"FR: VELUX France" appears in one line of the records below. Output that line and each one after it, exactly, through the last line.

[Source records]
====
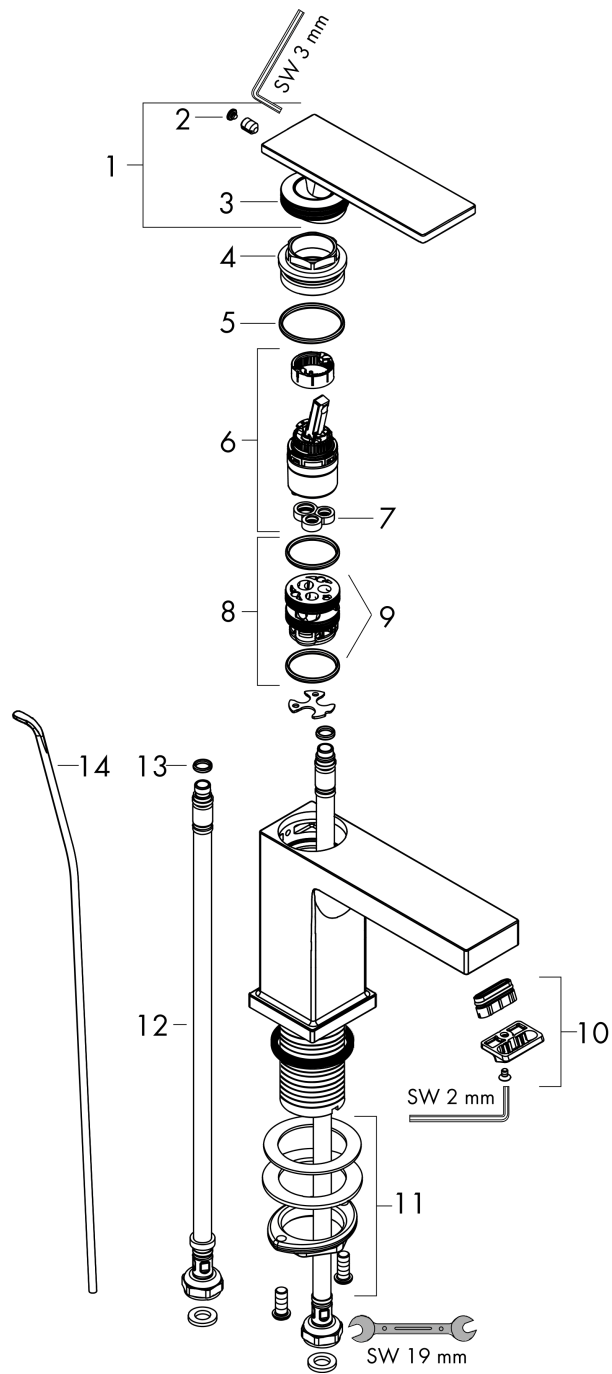

Tecturis E

ééngreeps wastafelkraan 80 CoolStart met trekwaste
Oppervlakte finish: mat wit Artikelnummer: 73002700

Beschrijving

- ComfortZone 80
- voorsprong uitloop 122 mm
- uitloophoogte: 90 mm
- greepvariant: rechte greep
- vaste uitloop
- straalsoort: WaterfallStream
- maximale doorstroomhoeveelheid bij 3 bar: 4 l/min
- keramisch kardoes
- pop-up afvoergarnituur G 1¼
- materiaal afvoergarnituur: Metaal
- koud water met de greep in de middenpositie, bespaart energie en kosten
- EU taxonomie: max 6l/min - substantiële bijdrage (SC) mogelijk

Artikeldetails

Vrijblijvende adviesverkoopprijs excl. BTW 227,80 €

Vrijblijvende adviesverkoopprijs incl. BTW 275,64 €

Technologie

Designprijzen

Productfoto

Maattekening

Doorstroomdiagram

Tecturis E
ééngreeps wastafelkraan 80 CoolStart met trekwaste
 Oppervlakte finish: **mat wit** Artikelnummer: **73002700**

Explosietekening

Bouwjaar: >09/23

Tecturis E**ééngreeps wastafelkraan 80 CoolStart met trekwaste**Oppervlakte finish: **mat wit** Artikelnummer: **73002700****Reserveonderdelenlijst**

Bouwjaar: >09/23

Regel	Beschrijving	Artikelnummer	Prijs incl. BTW	VE
1	greep	94992700	-	-
2	greepstop	93983700	-	1
3	O-ring 30x1,5	98433000	-	1
4	moer	94993000	-	-
5	O-ring 29x2	98391000	-	1
6	kardoes compl.	92900000	-	1
7	dichting	93383000	-	1
8	kardoesadapter	95975000	-	1
9	O-ring 23x2	98398000	-	1
10	perlator compl.	94994700	-	-
11	schachtbevestigingsset compl. (Ø 32)	13961000	-	1
12	O-ring 7x1,5	98422000	-	1
13	trekstang	96657700	-	1
a	afvoergarnituur	94139700	-	1
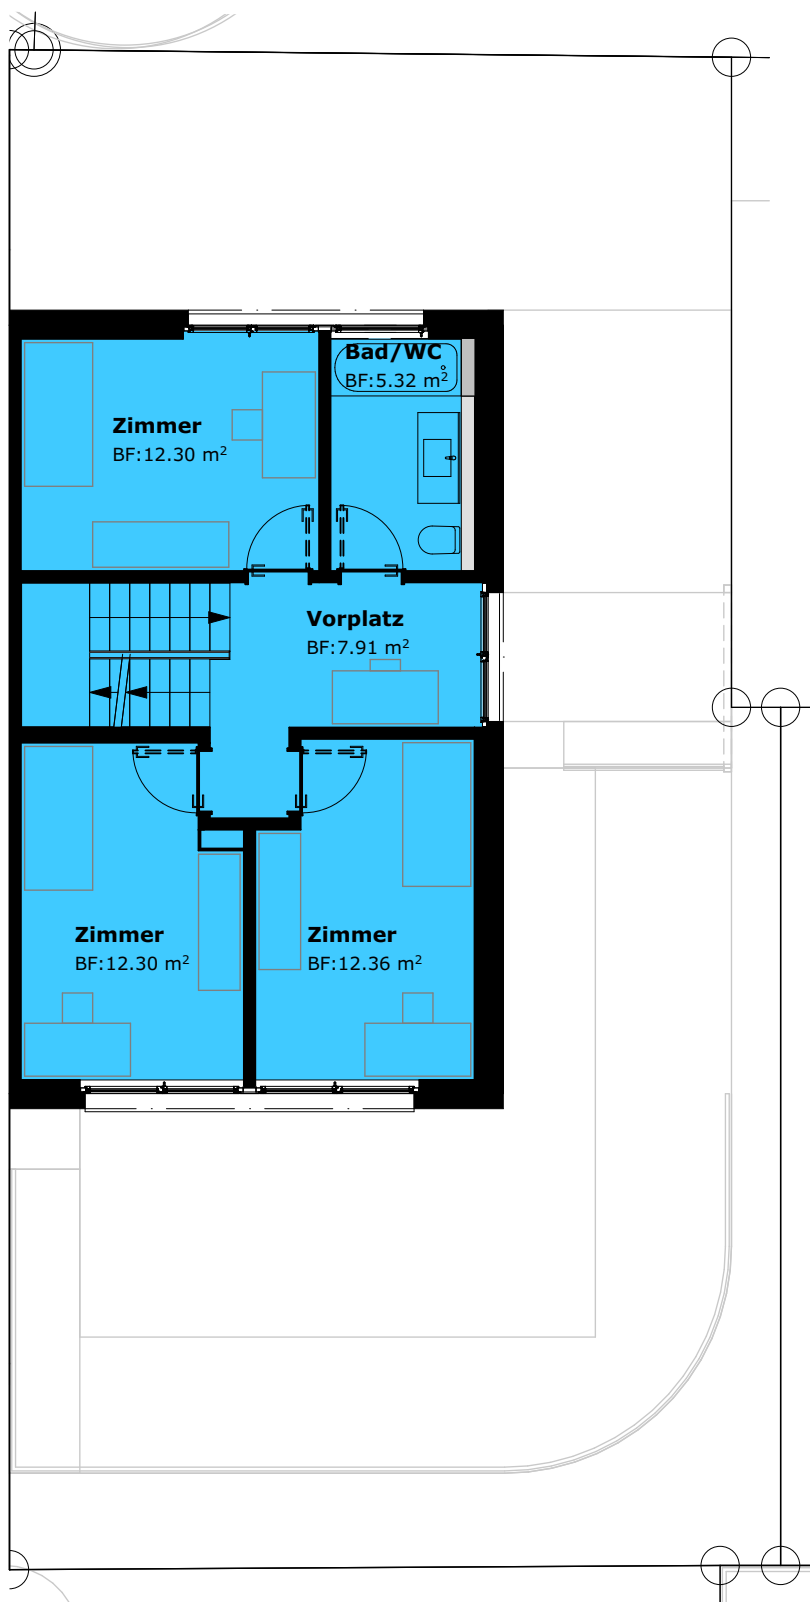

Kubatur = 658.20 m ³
NGF UG = 34.58 m ²
Sitzplatz = 27.89 m ²
Terrasse = 19.42 m ²

2 Parkplätze in Einstellhalle (Nr. 2+3)

Kubatur = 658.20 m ³
NGF EG = 57.93 m ²
Sitzplatz = 27.89 m ²
Terrasse = 19.42 m ²

2 Parkplätze in Einstellhalle (Nr. 2+3)

Kubatur = 658.20 m ³
NGF OG = 55.22 m ²
Sitzplatz = 27.89 m ²
Terrasse = 19.42 m ²

≡≡≡ 2 Parkplätze in Einstellhalle (Nr. 2+3)

Kubatur = 658.20 m ³
NGF AG = 26.78 m ²
Sitzplatz = 27.89 m ²
Terrasse = 19.42 m ²

≡≡≡ 2 Parkplätze in Einstellhalle (Nr. 2+3)
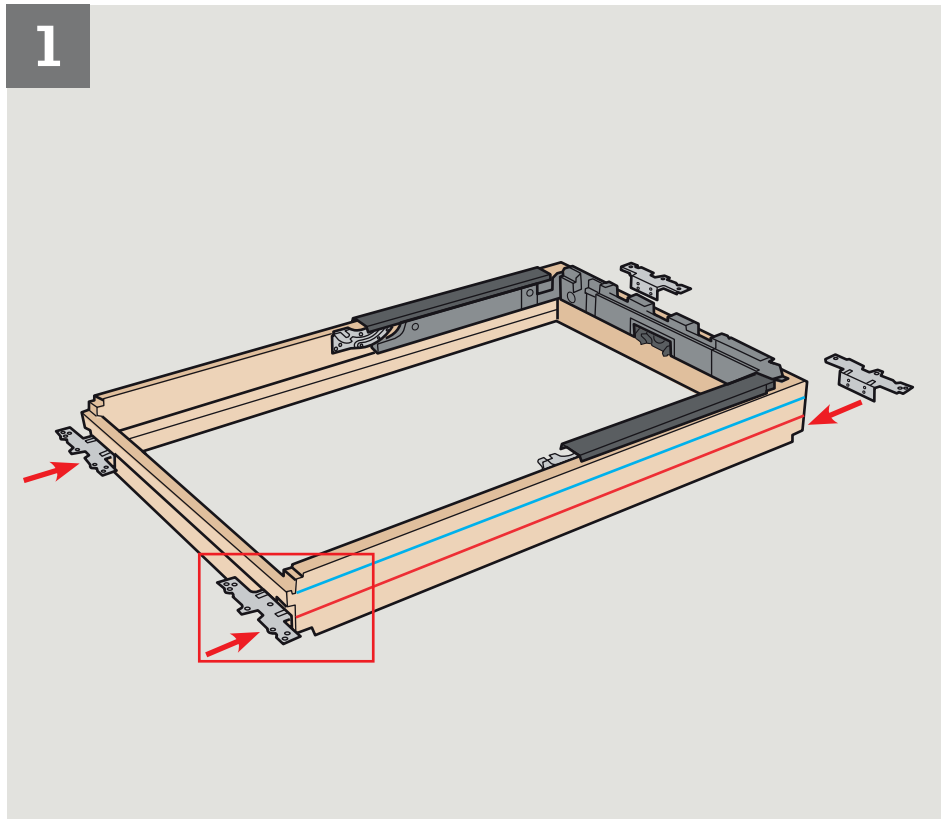

EDE

Page 14

Page 15

Page 15

Page 15

Page 13

AR: VELUX Argentina S.A. 348 4 639944	HU: VELUX Magyarország Kft. (06/1) 436-0601
AT: VELUX Österreich GmbH 02245/32 3 50	IE: VELUX Company Ltd. 01 848 8775
AU: VELUX Australia Pty. Ltd. 1300 859 856	IT: VELUX Italia s.p.a. 045/6173666
BA: VELUX Bosna i Hercegovina d.o.o. 033/626 493, 626 494	JP: VELUX-Japan Ltd. 0570-00-8145
BE: VELUX Belgium (010) 42.09.09	LT: VELUX Lietuva, UAB (85) 270 91 01
BG: VELUX Bulgaria EOOD 02/955 99 30	LV: VELUX Latvia SIA 67 27 77 33
BY: FE VELUX Roof Windows (017) 217 7385	NL: VELUX Nederland B.V. 030 - 6 629 629
CA: VELUX Canada Inc. 1 800 88-VELUX (888-3589)	NO: VELUX Norge AS 22 51 06 00
CH: VELUX Schweiz AG 0848 945 549	NZ: VELUX New Zealand Ltd. 0800 650 445
CL: VELUX Chile Limitada 2 953 6789	PL: VELUX Polska Sp. z o.o. (022) 33 77 000 / 33 77 070
CN: VELUX (CHINA) CO. LTD. 0316-607 27 27	PT: VELUX Portugal, Lda 21 880 00 60
CZ: VELUX Česká republika, s.r.o. 531 015 511	RO: VELUX România S.R.L. 0-8008-83589
DE: VELUX Deutschland GmbH 0800/3 27 27 27 Kostenlos aus dem deutschen Festnetz	RS: VELUX Srbija d.o.o. 011 20 57 500
DK: VELUX Danmark A/S 45 16 45 16	RU: ZAO VELUX (495) 737 75 20
EE: VELUX Eesti OÜ 621 7790	SE: VELUX Svenska AB 042/20 83 80
ES: VELUX Spain, S.A. 91 509 71 00	SI: VELUX Slovenija d.o.o. 01 724 68 68
FI: VELUX Suomi Oy 0207 290 800	SK: VELUX Slovensko, s.r.o. (02) 33 000 555
FR: VELUX France 0821 02 15 15 0,119€ TTC/min	TR: VELUX Çatı Pencereleri Ticaret Limited Şirketi 0 216 302 54 10
GB: VELUX Company Ltd. 01592 778 225	UA: VELUX Ukraina TOV (044) 2916070
HR: VELUX Hrvatska d.o.o. 01/5555 444	US: VELUX America Inc. 1-800-88-VELUX
====
| Output below |
FR: VELUX France 0821 02 15 15 0,119€ TTC/min	TR: VELUX Çatı Pencereleri Ticaret Limited Şirketi 0 216 302 54 10
GB: VELUX Company Ltd. 01592 778 225	UA: VELUX Ukraina TOV (044) 2916070
HR: VELUX Hrvatska d.o.o. 01/5555 444	US: VELUX America Inc. 1-800-88-VELUX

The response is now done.